Detection of outlier loci

To evaluate genetic structure and demography based on neutral genetic information and to avoid bias due to outlier loci21, we conducted outlier loci detection. Although population-based outlier loci detection methods have been used extensively, a recent study22 showed that historical or on-going demographic events (e.g. gene flow, admixture, population bottlenecks, and expansions) can lead to bias in these population-based approaches. Moreover, admixture and a historical bottleneck were observed in C. falcatum populations in our previous study11. We therefore used an individual-based principal component analysis (PCA) approach to detect outlier loci. This approach was implemented using the R package pcadapt28 which robustly detects outlier loci under several population demographic patterns. A principal component number of K = 7 was initially employed based on the trend of the scree plot. However, the number of outlier loci was too large under these conditions. Because the slope of the scree plot began leveling out at K = 3, we instead set K to 3. We also excluded non-neutral loci estimated by pcadapt using vcftools. The remaining loci, which were considered to be neutral, were used for population genetic analysis.

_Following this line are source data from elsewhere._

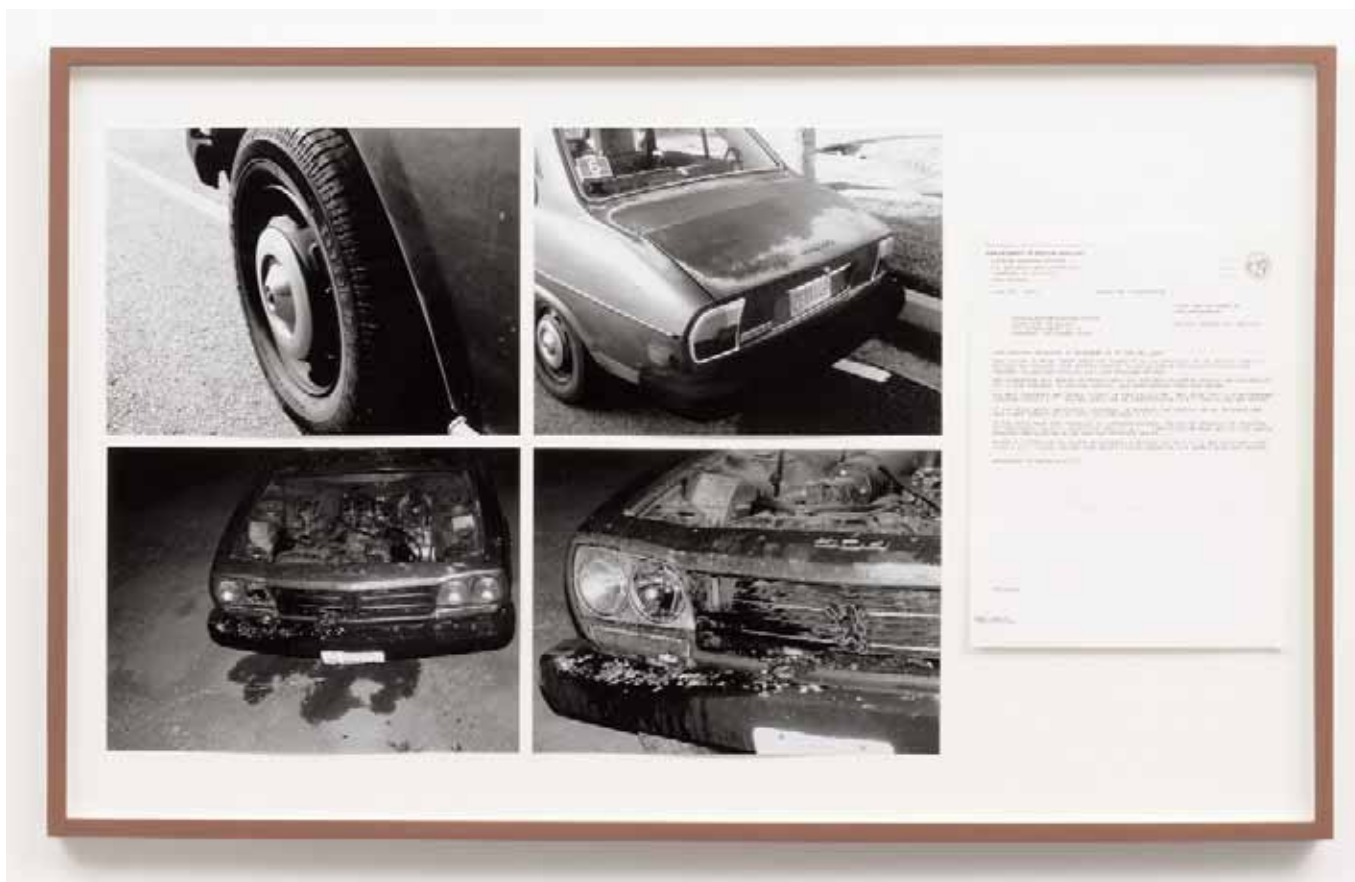

GALERIE KAMM Edgar Arceneaux "Morgan Fisher's Peugeot 01/06/06", 2007, 4 bw photos, document, framed 53 x 86 cm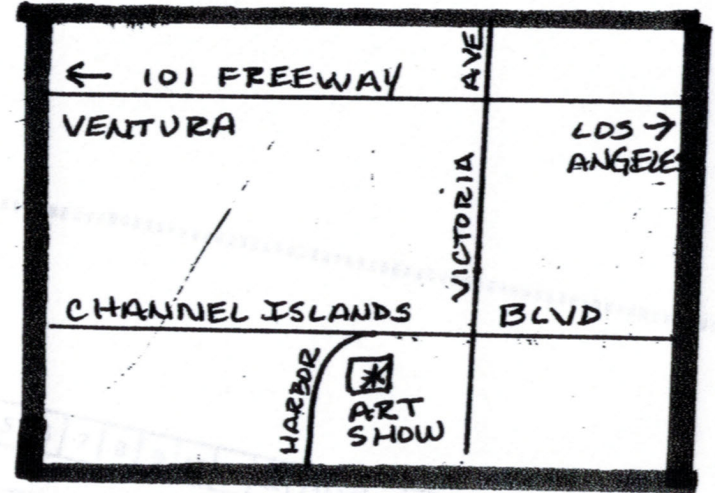

Channel Islands Harbor Fine Art Show

@ Harbor Landing, Oxnard

Take the Ventura (101) Freeway. Exit Victoria Ave and go West, 5 miles to Channel Islands Harbor Blvd and turn Right. After crossing the bridge prepare to turn left at Harbor Blvd. The show will be on the left, in the parking lot at 2800 Harbor Blvd.

CHANNEL ISLANDS HARBOR BLVD.

HARBOR BLVD

1	2	3	4	5	6	7	8	9
---	---	---	---	---	---	---	---	---

21	20	19	18	17	16	15	14	13	12	11	10
22	23	24	25	26	27	28	29	30	31	32	33

45	44	43	42	41	40	39	38	37	36	35	34
----	----	----	----	----	----	----	----	----	----	----	----

Genetic diversity within populations and population differentiation

The average gene diversity and FST values at each SNP locus were calculated using hierfstat29. To estimate the effect of differences in mating system, we also used hierfstat to compute the mean inbreeding coefficient, FIS, for populations of more than 4 individuals. According to Hedrick30, the FIS value reflects the relative contribution of selfing sensu-lato (both gametophytic and sporophytic selfing) to outcrossing in each population. To validate the geographical pattern of inbreeding coefficients, we also tested the correlation between FIS and latitude for subsp. littorale and australe populations. We estimated effective population size by linkage disequilibrium using NeEstimator 2.0131.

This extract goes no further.